Stockholm Syndrome is the fifth solo studio album release from singer-songwriter Derek Webb, released in the UK on August 31, 2009, in the US on September 1, and released digitally on September 7. The mostly Electronic album was a radical departure in style from the guitar-driven folk and rock for which he had become known. Themes on the album surround asking difficult questions of Christians on sexuality, race, and social justice. It was critically acclaimed and commercially successful, becoming Webb's first solo album to break into the Billboard Top 200 albums chart.

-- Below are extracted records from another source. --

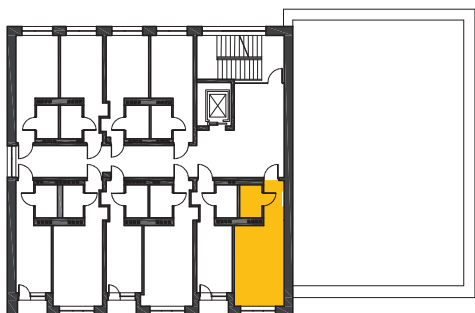

Polożenie lokalu:

Korytarz		3,45
Pokój dzienny + aneks kuchenny		18,33
Łazienka		3,63

Powierzchnia użytkowa:
25,41 m²
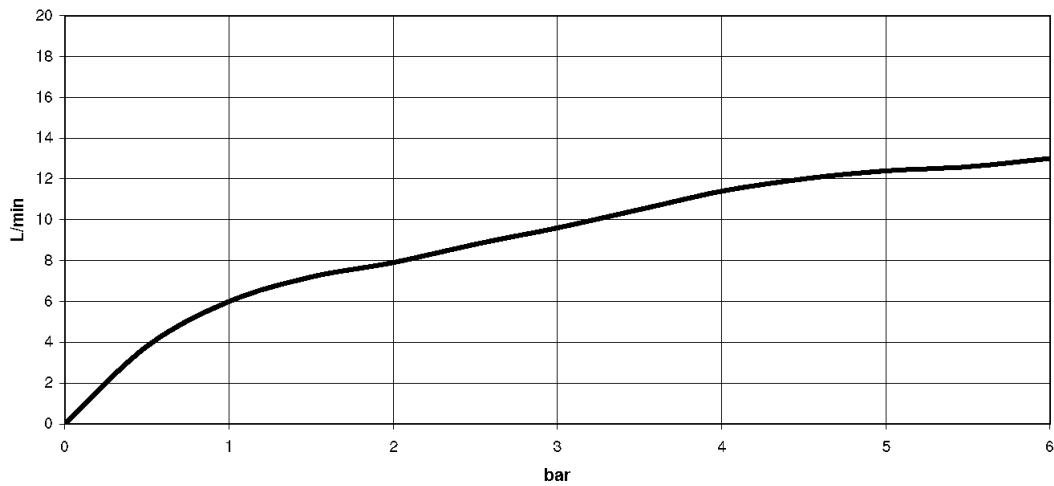

## размерный чертеж

mm [inches]

Все величины в мм / дюймах = мм x 0,0394

Кухня - Различные серии

Душевой гарнитур для ополаскивания - платина матовая

Артикульный номер: 27 721 970-06

график расхода

Кухня - Различные серии

The album generated controversy for its use of profanity (particularly the use of the word "shit," in the context of a harsh spiritual object lesson in the song "What Matters More") and references to alcohol and sexuality, to the degree that it was originally refused by his record label. After an elaborate online scavenger hunt Webb staged for his fans to "unlock" the song for free distribution, his label conceded to releasing a "clean version" and an "explicit version" of the album, the latter of which was only available directly from Webb at his shows, or by ordering online.

Professional ratings
Review scores
| Source | Rating |
| Christianity Today | Star |
| AllMusic | Star Half star |
| Cross Rhythms | Star |
| Patrol Magazine | Star |
| Jesus Freak Hideout | Star |
| Indie Vision Music | Star |
| Idobi Radio | Star |
| PopMatters | Star |
| AbsolutePunk | Star |
| RELEVANT | Star |
| The Washington Post | Star |
| Stereo Subversion | Star |

==Background==

===Title===
Webb explains that after The Ringing Bell tour was over, the concept of Stockholm Syndrome kept coming up in conversations and reading. He found it fascinating as a concept: people falling in love with or being infatuated with the forces that oppress them and ultimately want to kill and destroy them. Using it as a grid through which he approached his song writing as an exercise, it ended up becoming a theme for a new album. Webb therefore explored the twisted idea of loving what oppresses us and applied to broader Christian culture, race and sexuality issues, consumerism, and technology.

===Music===
Webb left his acoustic, folk/rock roots behind for a sound he described as “intentionally inorganic.” As he said, “I’ve always loved folk music because of its ability to tell the story of the times we’re living live in, in a timeless way. But for me, the best folk music on the scene right now is hip-hop. So with Stockholm Syndrome I wanted to incorporate the more urban and evocative elements of hip-hop." To do that, Webb reunited with former Caedmon's Call bandmate Josh Moore, who since then became an experienced hip-hop writer/producer, to produce the album.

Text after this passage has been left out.